Go Chemical Free!

Peacock butterfly and bumble bee on buddleia

As wildlife gardeners we aim to avoid using pesticides, herbicides and fertilizers as these can harm the ecosystem of our gardens, including the soil ecosystem.  We want to work with nature rather than fighting it to keep both the soil and our plants healthy and the biological communities in  balance.

Encouraging beneficial insects as predators instead of pesticides

Ladybird feeding on aphids, Thomas Wood

This is a quote from Stephanie Hafferty, an organic gardener and a proponent of no-dig:

“Wildlife gardening and biodiversity is a key part of my gardening. I create wild edges with a wide range of habitats, flowers and other plants. This encourages bees, hoverflies, moths, bats, birds, wasps and other creatures to live in my garden. Many are beneficial predators of pests. I do not use any pesticides, instead the wild life – in particular predatory wasps – help to keep the populations of aphids and other bugs under control. It makes my garden an interesting and companionable place to be too – there’s always something to observe. I also use some crop protections, carefully secured down, including butterfly netting and enviromesh over some of my vegetables, especially the brassicas.”  

Another alternative to pesticides is Biological control – the use of natural enemies to control ‘pests’. In the garden this involves introducing predators or pathogenic nematodes.  These are a good choice for reducing the numbers of greenhouse pests and vine weevils. At Yeo Valley they use Defenders.

Slugs and slug pellets

Snails in dead leaves

As Wildlife gardeners we may think using organic slug pellets is a good method of control.  However using pellets, collecting the slugs and snails and throwing them over the garden fence or even mowing them on a damp night (as heard on Gardeners Question Time some years ago)  upsets the population of slugs leading to an explosion in numbers.
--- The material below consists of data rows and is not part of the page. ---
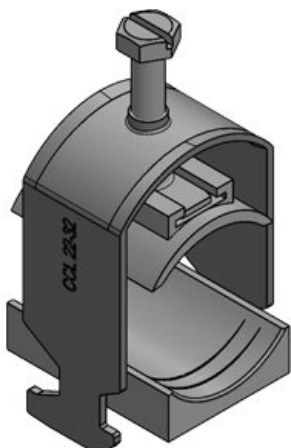

CCL | Kabelová svorka

pro montáž na C-lištu

Kabelové svorky se vyznačují vysokým rozsahem upnutí a velkou flexibilitou. Ideální pro odlehčení tahu na C-liště s šířkou výřezu 16 - 17 mm, nabízí flexibilní upínací rozsahy od 6 mm do 64 mm. Protiplech je zajištěn zajišťovacím mechanismem a nemůže vyklouznout z kabelové svorky.

RoHS
compliant

REACH
COMPLIANCE

Specifikace

Materiál	Pozinkovaná ocel
Vlastnosti	odolnost proti vibracím
Typ montáže	Nacvakávání

Výhody

- Montáž kompaktní konstrukce šetřící prostor
- Velký rozsah průměrů 6 - 64 mm
- Vysoká hustota montáže

Typy a velikosti výrobků

CCL 6-13

Obj.č.	32000	Pro průměry	1 x 6 - 13
EAN	4251269323	kabelů	mm
	577		
Bal.	25		
Délka	24 mm		
Šířka	19 mm		
Výška	31 mm		
Instalační výška	51 mm		

CCL 12-19

Obj.č.	32001	Pro průměry	1 x 12 - 19
EAN	4251269323	kabelů	mm
	584		
Bal.	25		
Délka	24 mm		
Šířka	22 mm		
Výška	36 mm		
Instalační výška	56,7 mm		

CCL 18-23

Obj.č.	32002	Pro průměry	1 x 18 - 23
EAN	4251269323	kabelů	mm
	591		
Bal.	25		
Délka	24 mm		
Šířka	26 mm		
Výška	38 mm		
Instalační výška	62 mm		

CCL 22-32

Obj.č.	32003	Pro průměry	1 x 22 - 32
EAN	4251269323	kabelů	mm
	607		
Bal.	25		
Délka	24 mm		
Šířka	38 mm		
Výška	52 mm		
Instalační výška	72 mm

“The rate of growth of juveniles is inhibited by a substance that they encounter in the slimy trails of the adults. This is a mechanism to prevent overcrowding, but, if the adult population abruptly drops, and the network of slime is reduced, the juveniles are free to start maturing. If the adult snails are suddenly removed, a mob of voracious youngsters will feed furiously to grow up and replace them.” Garden snails by Robert Burton in The Garden April 1995.

It also removes a valuable food source for other species higher up the food chain. As Chris Packham says: “Stop killing your garden slugs”. 

Image by Nick Penny

 “If you make draconian choices like ‘I don’t want slugs and snails to eat my plants’, then you’re doing yourself out of hedgehogs, slow worms and song thrushes and that’s a tragic loss to the garden. The song of the thrush is the closest you’re going to get to a nightingale in the 21st- century British garden.” Chris Packham

Slow worm in compost bin, Margaret W. Carruthers

So assuming we are not killing them, we could try some of the barrier methods to protect our plants although in an RHS trial they were not particularly successful. Slugs and snails (and soil living slugs in particular) seem to eat plants just as they germinate and emerge from the ground.  Rather than direct sowing we can raise our plants in cell trays and only plant them out when they have grown on sufficiently so that they are bigger with tougher, less palatable leaves.